▶ _Your instructions_:
Could you restate exactly the lines that begin at the line with "-Grapas para instalación" and end at the final line of the data?

━━━━━━━━━━━━━━━━━━━━

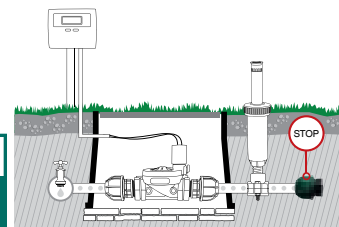

- Переходник для шланга \varnothing 25мм
- Внутренняя резьба 3/4"

Art.	EAN	Pcs	m ³	Kg	Box (LxWxH) cm
8000.2314	8004779001598	20	0,014	1,4	40X25X14

Концевая заглушка линии

Для установки на конце линии.

- Переходник для шланга \varnothing 25мм
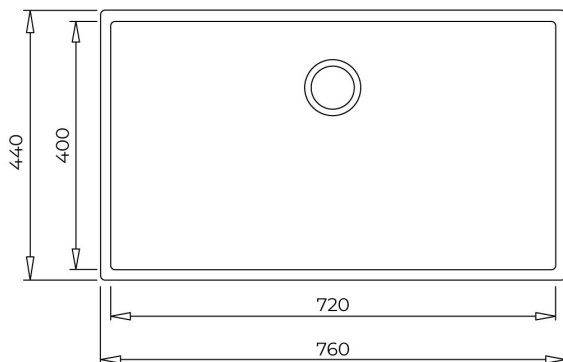

200mm

Colour Intensity

Easy Clean

Food safe

200mm

REFERENCIA

REF: 115230016

EAN: 8434778007336

Instalación: Submontar

Ancho de la base: > 80 cm

Desagüe: 3 ½"

Incluye:

-Contracanal con rebosadero decorativo

-Sifón / Cespól

-Grapas para instalación

Peso: 10.8 kg

Dimensiones

Exterior (Largo/Ancho): 760 x 440 mm

Cubeta (Largo/Ancho/Profundo): 720 x 400 x 200 mm

DIMENSIONES

Altura del producto (mm):**Anchura del producto (mm):** 440**Profundidad del producto (mm):** 200**Longitud del producto (mm):** 760**Peso del producto (Kg):** 10,83

━━━━━━━━━━━━━━━━━━━━

▶ _Your response_:
-Grapas para instalación

Peso: 10.8 kg

Dimensiones

Exterior (Largo/Ancho): 760 x 440 mm

Cubeta (Largo/Ancho/Profundo): 720 x 400 x 200 mm

DIMENSIONES

Altura del producto (mm):**Anchura del producto (mm):** 440**Profundidad del producto (mm):** 200**Longitud del producto (mm):** 760**Peso del producto (Kg):** 10,83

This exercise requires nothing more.